▸ **Data records**
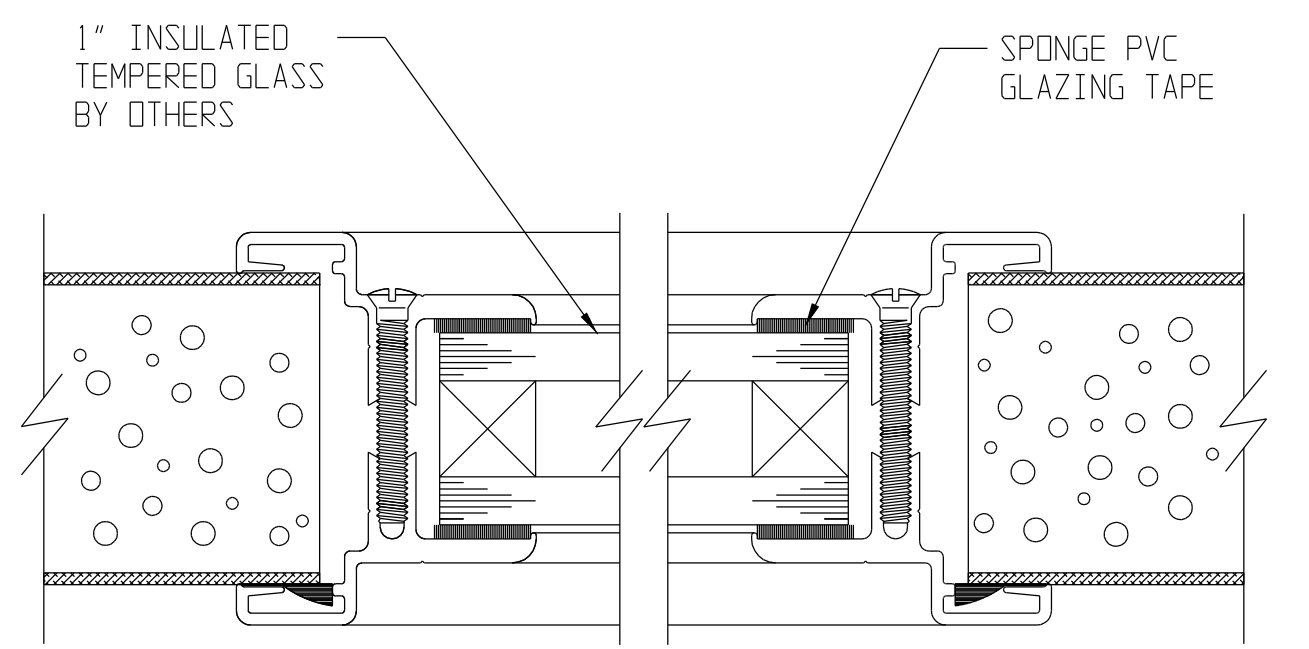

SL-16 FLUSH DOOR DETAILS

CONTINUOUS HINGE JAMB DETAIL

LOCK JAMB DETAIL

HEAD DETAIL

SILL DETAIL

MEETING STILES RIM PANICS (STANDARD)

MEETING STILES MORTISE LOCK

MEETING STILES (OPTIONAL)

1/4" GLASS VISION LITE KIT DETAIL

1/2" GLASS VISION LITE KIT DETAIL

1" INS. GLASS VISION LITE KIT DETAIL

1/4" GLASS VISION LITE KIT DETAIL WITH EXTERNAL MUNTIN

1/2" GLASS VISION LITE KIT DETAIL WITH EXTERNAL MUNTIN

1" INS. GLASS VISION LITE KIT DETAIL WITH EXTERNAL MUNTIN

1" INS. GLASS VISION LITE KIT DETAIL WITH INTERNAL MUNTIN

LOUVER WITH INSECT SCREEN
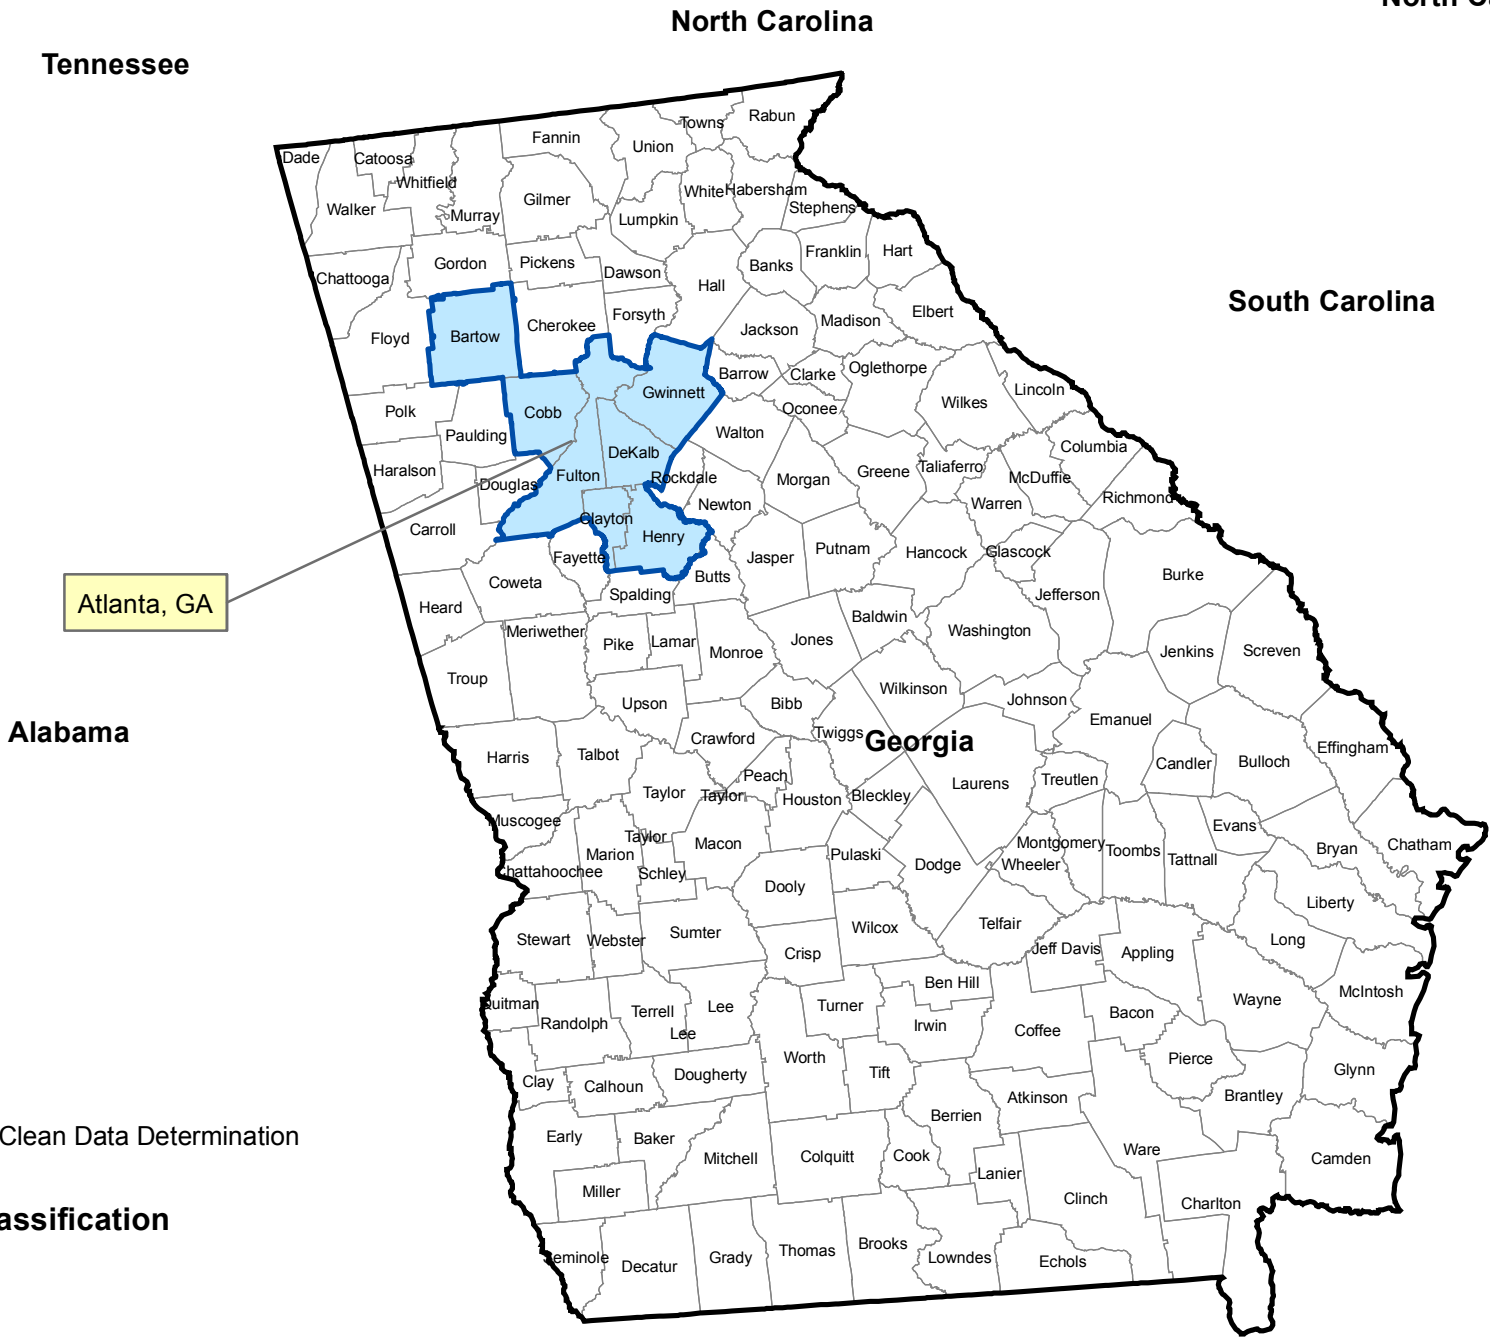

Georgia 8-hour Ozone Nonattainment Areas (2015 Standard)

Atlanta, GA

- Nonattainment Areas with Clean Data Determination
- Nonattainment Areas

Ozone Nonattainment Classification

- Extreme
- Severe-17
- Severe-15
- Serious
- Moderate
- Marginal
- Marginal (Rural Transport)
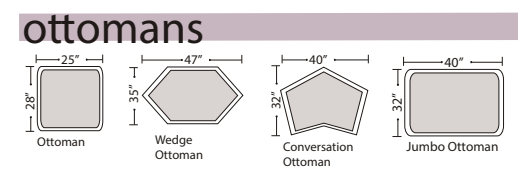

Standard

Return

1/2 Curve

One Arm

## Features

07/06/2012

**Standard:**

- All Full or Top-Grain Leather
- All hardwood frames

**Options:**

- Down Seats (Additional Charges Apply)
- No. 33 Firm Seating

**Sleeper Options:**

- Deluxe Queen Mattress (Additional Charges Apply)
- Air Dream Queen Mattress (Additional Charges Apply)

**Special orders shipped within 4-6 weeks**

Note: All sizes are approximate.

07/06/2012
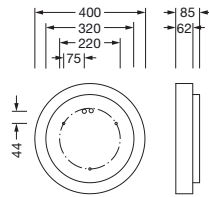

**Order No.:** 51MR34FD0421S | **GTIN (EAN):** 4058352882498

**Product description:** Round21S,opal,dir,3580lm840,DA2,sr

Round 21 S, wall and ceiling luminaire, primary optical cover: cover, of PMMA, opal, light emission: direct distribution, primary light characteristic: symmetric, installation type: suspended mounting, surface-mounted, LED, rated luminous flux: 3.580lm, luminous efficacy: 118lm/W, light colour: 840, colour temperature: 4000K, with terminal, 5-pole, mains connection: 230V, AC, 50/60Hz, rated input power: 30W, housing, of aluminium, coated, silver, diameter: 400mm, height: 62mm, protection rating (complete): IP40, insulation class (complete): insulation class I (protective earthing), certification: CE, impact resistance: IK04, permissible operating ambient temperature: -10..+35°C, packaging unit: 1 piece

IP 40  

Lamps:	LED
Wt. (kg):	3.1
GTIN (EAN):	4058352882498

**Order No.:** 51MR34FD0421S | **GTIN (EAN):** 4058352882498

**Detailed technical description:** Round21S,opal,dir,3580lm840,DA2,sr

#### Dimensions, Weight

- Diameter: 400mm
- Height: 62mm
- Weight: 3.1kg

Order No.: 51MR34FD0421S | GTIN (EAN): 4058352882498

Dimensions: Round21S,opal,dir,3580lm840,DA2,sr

==

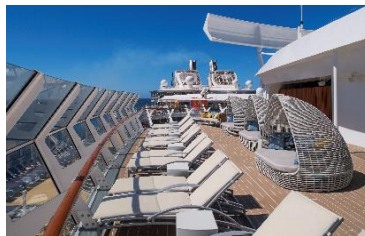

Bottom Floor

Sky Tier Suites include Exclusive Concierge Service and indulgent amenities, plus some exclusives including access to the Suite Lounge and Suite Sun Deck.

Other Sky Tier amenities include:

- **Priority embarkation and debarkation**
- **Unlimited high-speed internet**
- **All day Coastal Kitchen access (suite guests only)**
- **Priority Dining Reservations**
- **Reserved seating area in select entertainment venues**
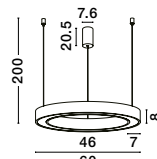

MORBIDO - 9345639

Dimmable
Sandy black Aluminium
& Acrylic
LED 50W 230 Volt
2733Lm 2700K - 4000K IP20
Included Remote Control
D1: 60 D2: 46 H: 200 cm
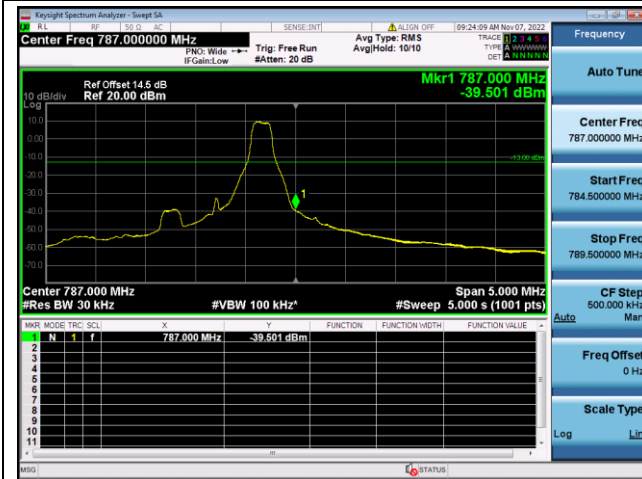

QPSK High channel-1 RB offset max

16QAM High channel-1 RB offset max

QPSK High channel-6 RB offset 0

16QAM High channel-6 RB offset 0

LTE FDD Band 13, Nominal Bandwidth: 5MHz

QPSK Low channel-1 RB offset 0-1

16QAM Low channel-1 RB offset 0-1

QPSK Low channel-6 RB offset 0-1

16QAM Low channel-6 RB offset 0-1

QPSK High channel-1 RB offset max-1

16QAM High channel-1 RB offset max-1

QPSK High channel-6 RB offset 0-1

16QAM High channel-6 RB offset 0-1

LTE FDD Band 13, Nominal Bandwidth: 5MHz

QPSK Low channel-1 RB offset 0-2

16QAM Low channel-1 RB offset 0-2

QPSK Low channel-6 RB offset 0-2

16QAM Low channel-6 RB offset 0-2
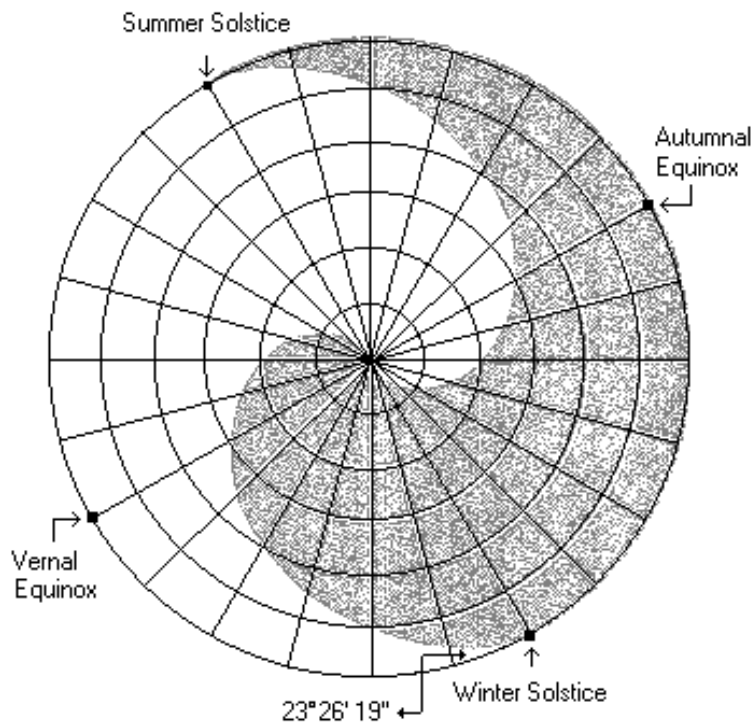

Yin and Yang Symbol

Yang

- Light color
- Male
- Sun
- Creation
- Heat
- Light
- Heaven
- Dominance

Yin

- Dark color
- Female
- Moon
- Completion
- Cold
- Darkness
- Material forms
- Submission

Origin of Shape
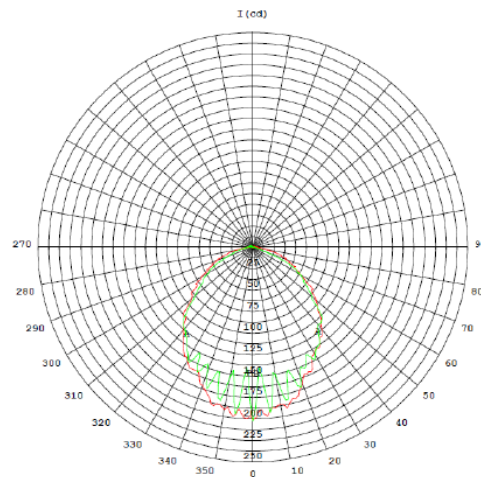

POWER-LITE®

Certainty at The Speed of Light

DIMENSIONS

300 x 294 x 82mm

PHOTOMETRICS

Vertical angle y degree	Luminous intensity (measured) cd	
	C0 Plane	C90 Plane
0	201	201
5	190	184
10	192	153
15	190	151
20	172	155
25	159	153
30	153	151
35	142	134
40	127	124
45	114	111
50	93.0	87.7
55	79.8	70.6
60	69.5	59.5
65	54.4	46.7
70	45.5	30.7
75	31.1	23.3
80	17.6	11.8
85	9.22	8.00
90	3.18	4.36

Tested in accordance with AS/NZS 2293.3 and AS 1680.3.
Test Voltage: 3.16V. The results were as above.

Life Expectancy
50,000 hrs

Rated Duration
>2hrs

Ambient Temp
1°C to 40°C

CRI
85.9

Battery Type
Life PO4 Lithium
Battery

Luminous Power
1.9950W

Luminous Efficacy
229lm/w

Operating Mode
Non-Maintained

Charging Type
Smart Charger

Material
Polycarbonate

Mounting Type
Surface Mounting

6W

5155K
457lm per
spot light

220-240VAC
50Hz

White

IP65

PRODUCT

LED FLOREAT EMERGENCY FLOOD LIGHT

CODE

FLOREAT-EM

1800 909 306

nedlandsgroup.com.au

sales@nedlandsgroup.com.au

▸ **Your instructions**
Among the lines above, find the ones containing "JAMB" and copy them.

▸ **Task solution**
CONTINUOUS HINGE JAMB DETAIL
LOCK JAMB DETAIL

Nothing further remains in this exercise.